◆ **What to produce**: All of the data must be output exactly, with every picture left out.

══ Input data

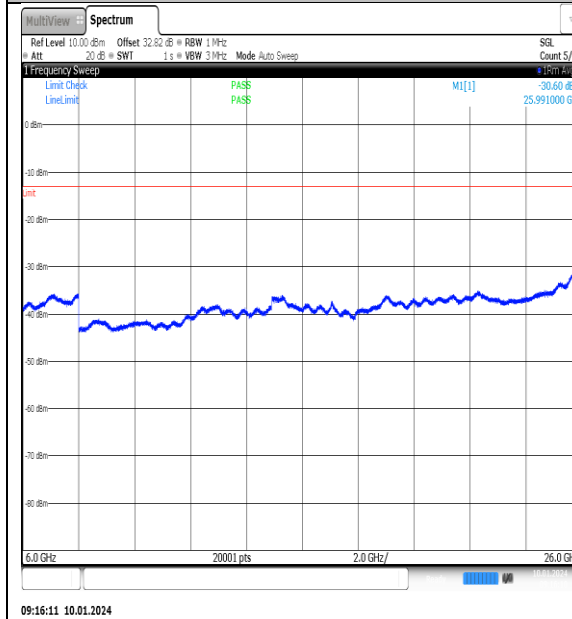

NTN_V_N77-3700-
3980_PC2_30_80_H_TID11_NS_01_6000_26000_#1

NTN_V_N77-3700-
3980_PC2_30_80_H_TID11_NS_01_26000_4000_0_#1

════

◆ **Written reply**:
NTN_V_N77-3700-
3980_PC2_30_80_H_TID11_NS_01_6000_26000_#1

NTN_V_N77-3700-
3980_PC2_30_80_H_TID11_NS_01_26000_4000_0_#1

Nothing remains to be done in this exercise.